Being sequestered at home with a limited amount of equipment means that a lot of workouts that previously would have been possible are no longer available. When asked how she is adjusting her exercise to fit the new environment, hockey player Addie Burton ‘20 says, “I’ve had to change the type of training that I’m doing. I’ve been doing a lot more running and biking rather than lifting.” An equipment shortage can also mean repeating many of the same exercises every day. Rower, Melanie Sun ‘21, whose coach has been sending her workouts in order to stay in shape, has been using the internet to keep things fresh: “Sometimes instead of doing the normal core routine, I’ll do a different core routine that I found on Youtube that’s the same duration and intensity instead of doing the same one over and over.”

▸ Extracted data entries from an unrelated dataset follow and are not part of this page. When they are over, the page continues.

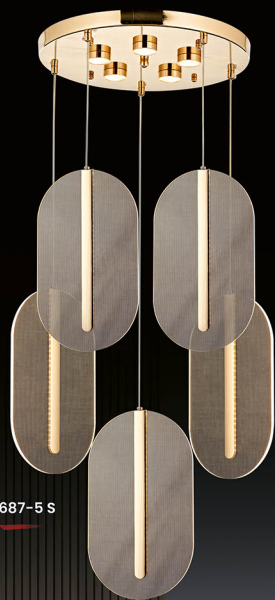

PETEK

SARI

687-5 S

687-5 K
Power LED - 5x12W
Power LED - 5x3W
3 Renk LED

PETEK

SARI

687-3 S

687-3 S
Power LED - 3x12W
Power LED - 3x3W
3 Renk LED

687-1 S
Power LED - 12W
3 Renk LED

687-1 S
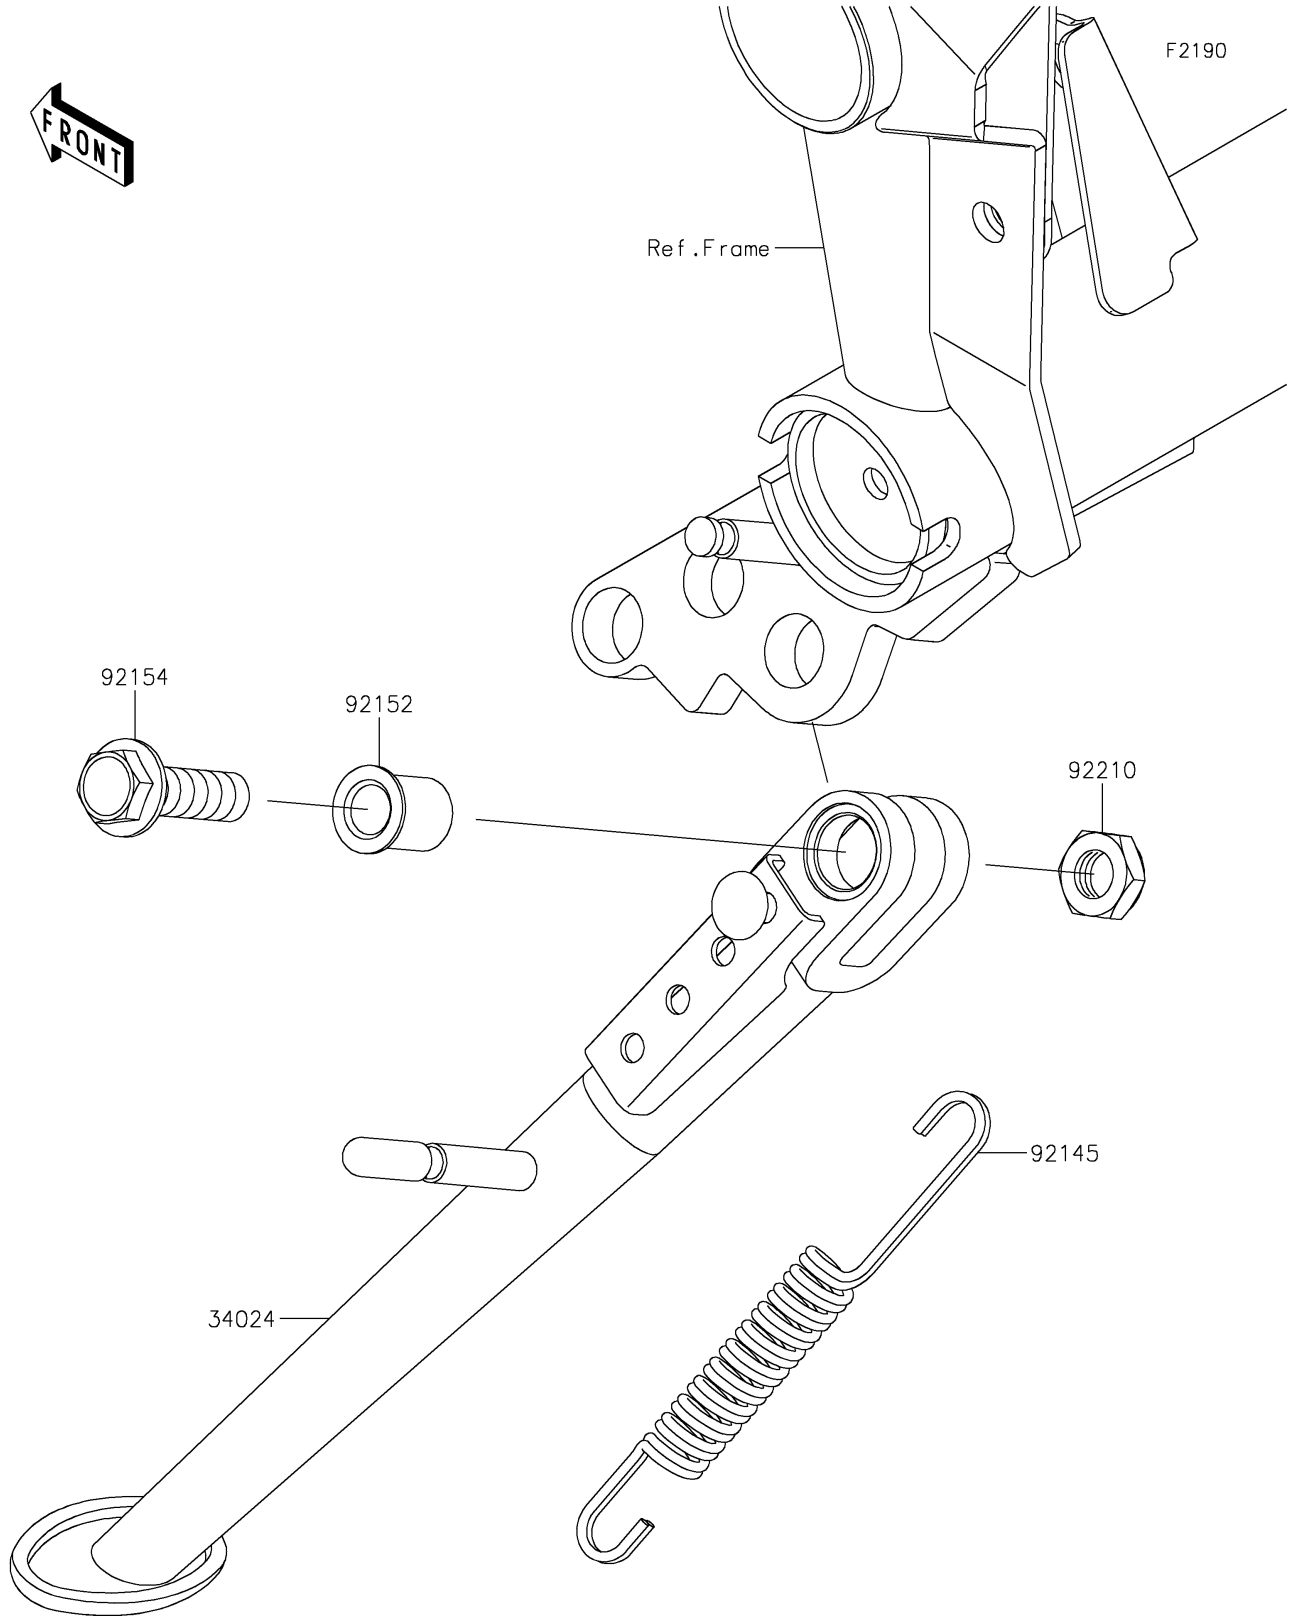

2022 Z900 SE PARTS DIAGRAM

Stand(s)

2022 Z900 SE PARTS LIST

Stand(s)

ITEM NAME	PART NUMBER	QUANTITY
STAND-SIDE,F.S.BLACK (Ref # 34024)	34024-0141-18R	1
SPRING,SIDE STAND (Ref # 92145)	92145-0562	1
COLLAR,10.2X15X18.6 (Ref # 92152)	92152-2248	1
BOLT,FLANGED,10X35 (Ref # 92154)	92154-4302	1
NUT,LOCK,10MM (Ref # 92210)	92210-0784	1
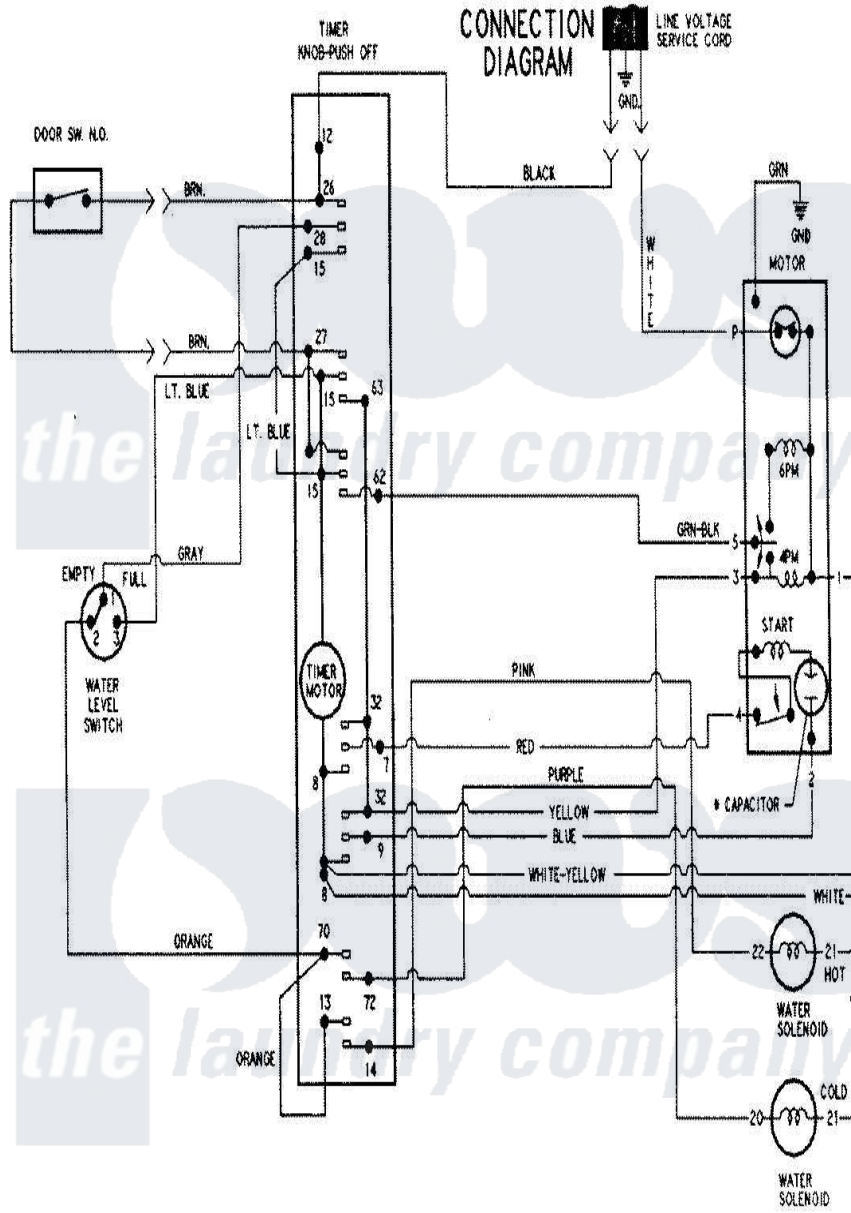

# Crosley CW5000A 05 - WIRING INFORMATION

Crosley Residential Crosley CW5000A Washer Parts Parts Diagram 05 - WIRING INFORMATION  
 Click on the part number to view part

Item	Original Part Number	Replaced By	Status	Part Description
NI	15002614		Not Available	WIRING INFORMATION
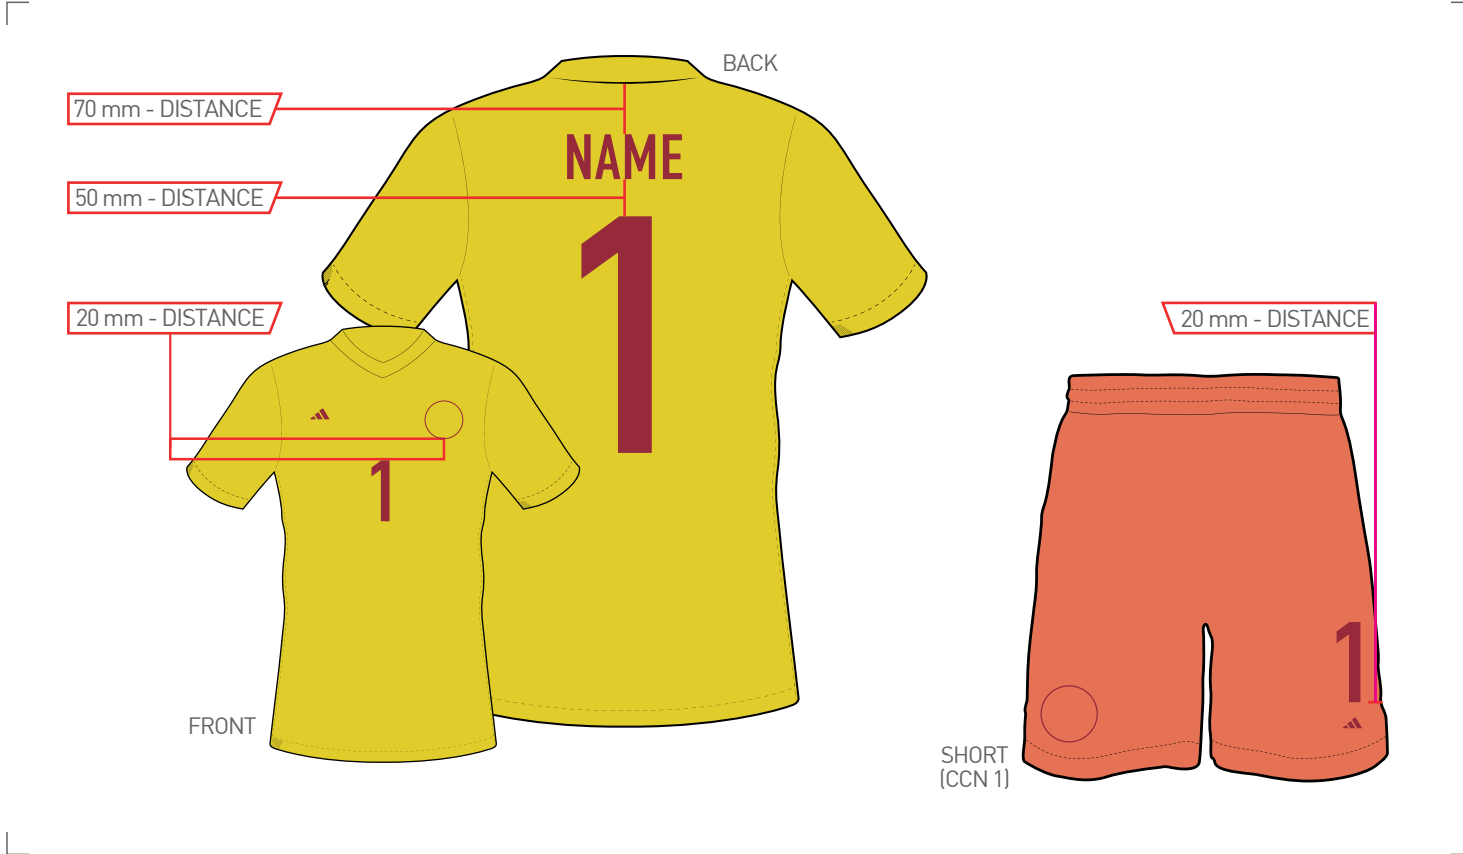

COLOURWAY

NAME	YELLOW 2020
BACK NUMBER	YELLOW 2020
FRONT NUMBER	YELLOW 2020
SHORT NUMBER (CCN 1)	YELLOW 2020

SIZE SPLIT	NAME		BACK NUMBER	FRONT NUMBER	SHORT NUMBER
	Height	max. Width	Height	Height	Height
ADULTS (S - XXXL)	50 mm	300 mm	255 mm	105 mm	105 mm
KIDS (128 - 176)	50 mm	240 mm	165 mm	105 mm	105 mm
MINIKIT (92 - 110+16)	50 mm	180 mm	105 mm	80 mm	80 mm
BABYKIT (68 - 86)	50 mm	150 mm	105 mm	80 mm	80 mm

COLOURWAY

NAME	BLACK
BACK NUMBER	BLACK
FRONT NUMBER	BLACK
SHORT NUMBER (CCN 1)	TEAM SEMI SOLAR GREEN 2022

SIZE SPLIT	NAME		BACK NUMBER	FRONT NUMBER	SHORT NUMBER
	Height	max. Width	Height	Height	Height
ADULTS (S - XXXL)	50 mm	300 mm	255 mm	105 mm	105 mm
KIDS (128 - 176)	50 mm	240 mm	165 mm	105 mm	105 mm
MINIKIT (92 - 110+16)	50 mm	180 mm	105 mm	80 mm	80 mm
BABYKIT (68 - 86)	50 mm	150 mm	105 mm	80 mm	80 mm

- HOME
- AWAY
- GK1
- GK2
- GK3
- GK4
- GK5
- GK6
- GK7

! DESIGNS ARE FOR ILLUSTRATION ONLY!

APPLICATION CONDITIONS

TEMPERATURE 130 - 140°C	TIME 13 - 15 sec.
PRESSURE 4 - 5 bar	RELEASE cold

FABRIC COLOUR

JERSEY	TEAM YELLOW
SHORT (CCN 1)	TEAM SOL ORANGE

COLOURWAY

NAME	COLLI RED 2022
BACK NUMBER	COLLI RED 2022
FRONT NUMBER	COLLI RED 2022
SHORT NUMBER (CCN 1)	COLLI RED 2022

SIZE SPLIT	NAME		BACK NUMBER	FRONT NUMBER	SHORT NUMBER
	Height	max. Width	Height	Height	Height
ADULTS (S - XXXL)	50 mm	300 mm	255 mm	105 mm	105 mm
KIDS (128 - 176)	50 mm	240 mm	165 mm	105 mm	105 mm
MINIKIT (92 - 110+16)	50 mm	180 mm	105 mm	80 mm	80 mm
BABYKIT (68 - 86)	50 mm	150 mm	105 mm	80 mm	80 mm
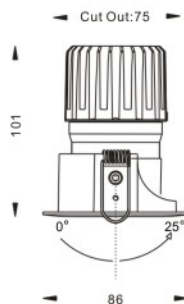

Color selection

TH-067-0200
MAX. 8W

Operating Temp. -30°C+40°C
Inclusive of Bridgelux/Citizen
 6.7W COB chip
 2700K-510lm Ra90
 3000K- 540lm Ra90
 4000K-680lm Ra80
 5000K-750lm Ra70

Inclusive of remote driver
 AC220-240V 50/60Hz
 On request: DALI, 0/1-10V, Triac
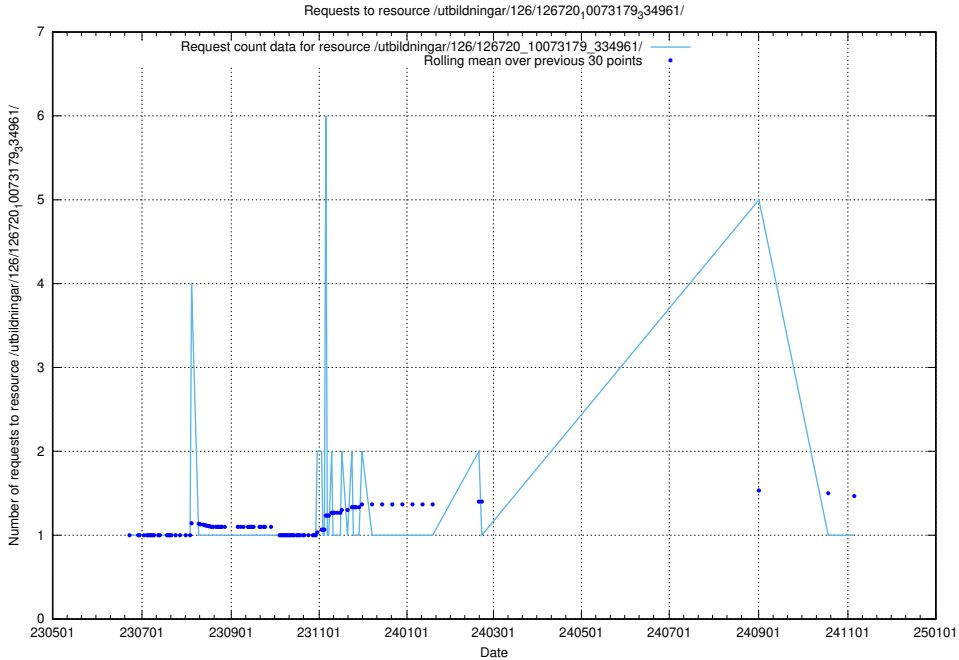

5.6667 Usage of /utbildningar/126/126720_10073179_334961/

Here, we count the number of requests to resource /utbildningar/126/126720_10073179_334961/.
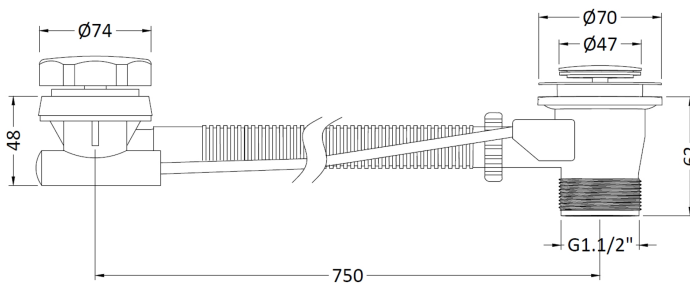

Sales Code: EA333

Description: Extended Bath Pop Up Waste & Overflow

Product Dimensions

Length (mm):	
Width (mm):	74
Height (mm):	74
Depth (mm):	822
Nett Weight (kg):	0.9

Packaging Dimensions

Height (mm):	80
Width (mm):	450
Depth (mm):	145
Gross Weight (kg):	0.93

Packaging Data

Box Colour:	White Cardboard Box
Box Qty:	1
Label Size:	100 x 50
Label Colour:	White Label
Label Qty:	2

Outer Box Dimensions (If Applicable)

Height (mm):	
Width (mm):	
Length (mm):	
Depth (mm):	
Gross Weight (kg):	11
Barcode:	5055146106685

Product Details

Country of Origin:	China
Fitting Instruction:	No
CE & UKCA:	N/A
Product Material:	Brass
Heating Element Wattage:	Not Applicable
Colour/Finish:	Chrome
Product Diameter:	74mm
Connection Size:	1 1/2"
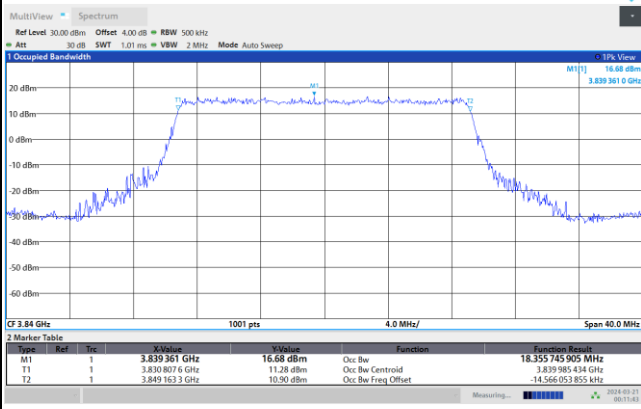

FR1 n77 / 20MHz / CP OFDM / Middle Channel / Full RB

QPSK

16QAM

Training alone is much different than training with other people. Another rower, Joshua Park ‘22 aptly stated what a lot of people are currently feeling: “The social aspect is definitely not there.” Without the support of peers, working out feels like a completely dissimilar experience. Burton echoed this sentiment, saying, “Just the atmosphere of being at home versus being in a gym is really different and I know that’s something that a lot of people are struggling with right now.”

The lack of routine and company has greatly decreased the amount of motivation that people have to work out, which has made sticking to a training regimen much more difficult. According to Sun, the process is much more self-motivated as she shares, “You have to find time to do it yourself, which is a lot harder than doing it with friends. The entire thing is just a big mental game.” Holding yourself accountable to train can be difficult when there is no end goal in sight as there would be during a sports season. Because of this, tangible payoff of training is harder to see. When speaking about results, Park shares, “Stick with whatever exercise routine you have, and if you don’t see any results right away, don’t get discouraged because it’s just gradual progress and it will certainly come.”